** Problem details **
Transcribe, word for word, every line from the one containing "Index 19.3213.0073.34" through the final line of the records, and omit the pictures.

** Data in this exercise **
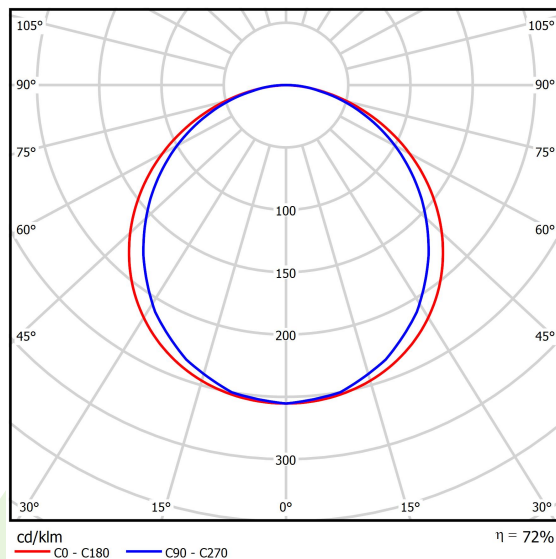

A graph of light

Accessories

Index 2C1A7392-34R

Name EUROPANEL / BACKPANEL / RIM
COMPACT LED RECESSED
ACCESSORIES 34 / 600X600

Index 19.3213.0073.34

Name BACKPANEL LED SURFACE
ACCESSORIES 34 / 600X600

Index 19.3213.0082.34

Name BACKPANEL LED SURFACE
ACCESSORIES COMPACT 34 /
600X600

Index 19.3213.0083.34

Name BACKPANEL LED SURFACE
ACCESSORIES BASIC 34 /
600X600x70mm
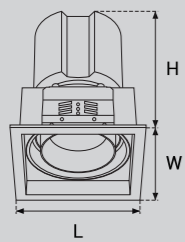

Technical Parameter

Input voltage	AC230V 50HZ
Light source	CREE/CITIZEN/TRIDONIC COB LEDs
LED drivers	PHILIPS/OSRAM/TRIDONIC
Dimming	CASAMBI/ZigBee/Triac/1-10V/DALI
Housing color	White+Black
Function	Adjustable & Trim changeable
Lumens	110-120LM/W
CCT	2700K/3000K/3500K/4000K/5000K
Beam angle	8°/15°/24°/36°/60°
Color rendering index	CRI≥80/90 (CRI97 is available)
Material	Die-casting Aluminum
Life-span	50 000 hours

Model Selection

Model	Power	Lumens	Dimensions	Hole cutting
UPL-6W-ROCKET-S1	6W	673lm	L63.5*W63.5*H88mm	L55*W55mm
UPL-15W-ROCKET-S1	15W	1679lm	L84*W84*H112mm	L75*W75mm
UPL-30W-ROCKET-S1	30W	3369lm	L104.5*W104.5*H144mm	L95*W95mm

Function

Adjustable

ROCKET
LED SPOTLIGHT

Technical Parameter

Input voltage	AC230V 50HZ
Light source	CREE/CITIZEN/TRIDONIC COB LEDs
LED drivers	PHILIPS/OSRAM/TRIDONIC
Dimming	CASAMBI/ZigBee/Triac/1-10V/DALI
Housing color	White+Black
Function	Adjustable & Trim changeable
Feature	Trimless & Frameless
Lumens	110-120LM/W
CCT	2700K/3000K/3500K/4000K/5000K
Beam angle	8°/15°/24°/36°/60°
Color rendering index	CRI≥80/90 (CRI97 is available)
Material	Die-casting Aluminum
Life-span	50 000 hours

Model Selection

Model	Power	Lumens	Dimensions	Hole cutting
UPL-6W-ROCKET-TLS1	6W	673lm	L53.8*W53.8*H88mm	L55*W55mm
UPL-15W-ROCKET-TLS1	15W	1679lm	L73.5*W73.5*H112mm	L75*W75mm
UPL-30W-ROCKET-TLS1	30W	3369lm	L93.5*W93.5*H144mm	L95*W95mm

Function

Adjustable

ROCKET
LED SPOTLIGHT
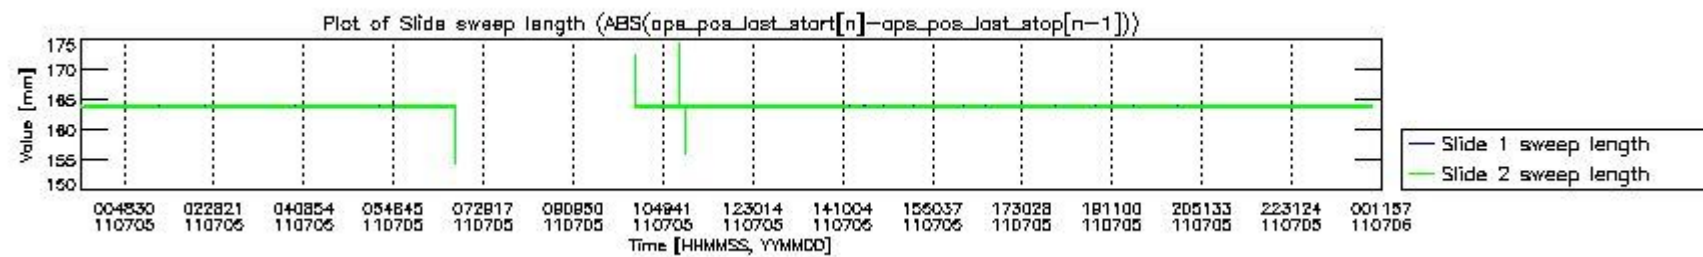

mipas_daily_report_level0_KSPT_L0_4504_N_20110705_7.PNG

** Response to this exercise **
Index 19.3213.0073.34

Name BACKPANEL LED SURFACE
ACCESSORIES 34 / 600X600

Index 19.3213.0082.34

Name BACKPANEL LED SURFACE
ACCESSORIES COMPACT 34 /
600X600

Index 19.3213.0083.34

Name BACKPANEL LED SURFACE
ACCESSORIES BASIC 34 /
600X600x70mm

Technical Parameter

Input voltage	AC230V 50HZ
Light source	CREE/CITIZEN/TRIDONIC COB LEDs
LED drivers	PHILIPS/OSRAM/TRIDONIC
Dimming	CASAMBI/ZigBee/Triac/1-10V/DALI
Housing color	White+Black
Function	Adjustable & Trim changeable
Lumens	110-120LM/W
CCT	2700K/3000K/3500K/4000K/5000K
Beam angle	8°/15°/24°/36°/60°
Color rendering index	CRI≥80/90 (CRI97 is available)
Material	Die-casting Aluminum
Life-span	50 000 hours

Model Selection

Model	Power	Lumens	Dimensions	Hole cutting
UPL-6W-ROCKET-S1	6W	673lm	L63.5*W63.5*H88mm	L55*W55mm
UPL-15W-ROCKET-S1	15W	1679lm	L84*W84*H112mm	L75*W75mm
UPL-30W-ROCKET-S1	30W	3369lm	L104.5*W104.5*H144mm	L95*W95mm

Function

Adjustable

ROCKET
LED SPOTLIGHT

Technical Parameter

Input voltage	AC230V 50HZ
Light source	CREE/CITIZEN/TRIDONIC COB LEDs
LED drivers	PHILIPS/OSRAM/TRIDONIC
Dimming	CASAMBI/ZigBee/Triac/1-10V/DALI
Housing color	White+Black
Function	Adjustable & Trim changeable
Feature	Trimless & Frameless
Lumens	110-120LM/W
CCT	2700K/3000K/3500K/4000K/5000K
Beam angle	8°/15°/24°/36°/60°
Color rendering index	CRI≥80/90 (CRI97 is available)
Material	Die-casting Aluminum
Life-span	50 000 hours

Model Selection

Model	Power	Lumens	Dimensions	Hole cutting
UPL-6W-ROCKET-TLS1	6W	673lm	L53.8*W53.8*H88mm	L55*W55mm
UPL-15W-ROCKET-TLS1	15W	1679lm	L73.5*W73.5*H112mm	L75*W75mm
UPL-30W-ROCKET-TLS1	30W	3369lm	L93.5*W93.5*H144mm	L95*W95mm

Function

Adjustable

ROCKET
LED SPOTLIGHT

mipas_daily_report_level0_KSPT_L0_4504_N_20110705_7.PNG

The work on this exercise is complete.